I also don't use any Photoshopped photos of my dogs on our web site or for promotional purposes. They are for our use to see things that we are looking for. I don't have a problem with anyone having to Photoshop a photo of their dog to remove human parts or other distracting things and post on forums or Facebook. However, when someone does do this, it is automatically going to be subject to suspicion as it is usually obvious that the photo has been altered. So there is a big risk in putting up photos that are obviously Photoshopped. 

I think that if breeders/show people want to publish photos of their stock, they should take the time to take the photo they want of the dog as is so that they are not subject to scrutiny. It just makes it less stressful for the owner to not have to defend themselves against suspected alteration. It also raises the degree of professionalism being employed when promoting their dogs.

I have color corrected for my dogs in Lightroom. This is something I have to do because my camera's calibration does not match with Lightroom's. I have to do this with all of my photos. I have been trained to color correct for proper white balance so that the dogs appear in their true color or as close as is possible to it. I do not consider this to be an improper use by anyone of altering an image if color correction is necessary. I really hate it when my photos of the dark dogs come in over saturated in purple!! LOL I also don't find it a problem if a dog photo needs a little sharpening to improve the appearance.
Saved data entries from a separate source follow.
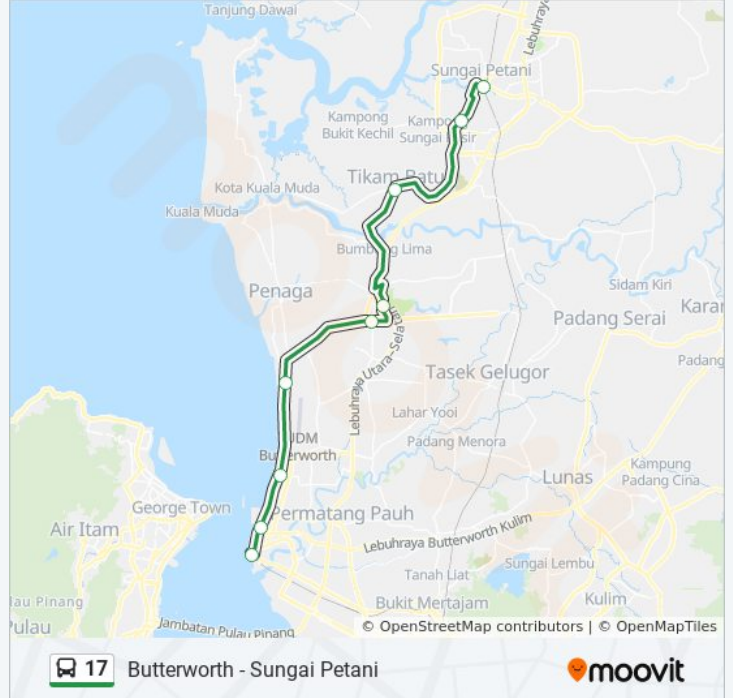

Butterworth - Sungai Petani

Get The App

The 17 bus line (Butterworth - Sungai Petani) has 2 routes. For regular weekdays, their operation hours are:
(1) Terminal Penang Sentral: 6:15 AM - 8:15 PM(2) Terminal Sungai Petani: 6:15 AM - 8:15 PM
Use the Moovit App to find the closest 17 bus station near you and find out when is the next 17 bus arriving.

Direction: Terminal Penang Sentral

9 stops

[VIEW LINE SCHEDULE](#)

Terminal Jalan Petri

Tesco Bakar Arang

Tikam Batu

Bertam Indah

Sk Hashim Awang

Sk Telok Air Tawar

Taman Bagan Ajam

Dataran Pemuda Merdeka

Penang Sentral

17 bus Time Schedule

Terminal Penang Sentral Route Timetable:

Sunday	6:15 AM - 8:15 PM
Monday	6:15 AM - 8:15 PM
Tuesday	6:15 AM - 8:15 PM
Wednesday	6:15 AM - 8:15 PM
Thursday	6:15 AM - 8:15 PM
Friday	6:15 AM - 8:15 PM
Saturday	6:15 AM - 8:15 PM

17 bus Info

Direction: Terminal Penang Sentral

Stops: 9

Trip Duration: 30 min

Line Summary:

Direction: Terminal Sungai Petani

9 stops

[VIEW LINE SCHEDULE](#)

I see where the dog in question has been blurred out. That is an odd thing for anyone to do and then post on their web site. To use selective focus to get eyes tack sharp and then fade into a nice blur for artistic purposes is one thing, but to selectively blur particular areas of a dog leaves room for suspicion. The dog does not appear to have been altered beyond blurring. I don't see any signs of it having had hair removed or added. So this begs the question as to why even bother. 

I did notice in the photo of the same dog? below that it has a lot of either sunburned hair or brown tinting in it. I am questioning if the dog was altered to remove that tinting and blurred to help reduce it? I don't know. 

Again, if publishing photos of dogs to promote them, take the photo you want that says everything about your dog as it is. It doesn't take that long to get someone to help you set your dog up and get a few nice photos of it.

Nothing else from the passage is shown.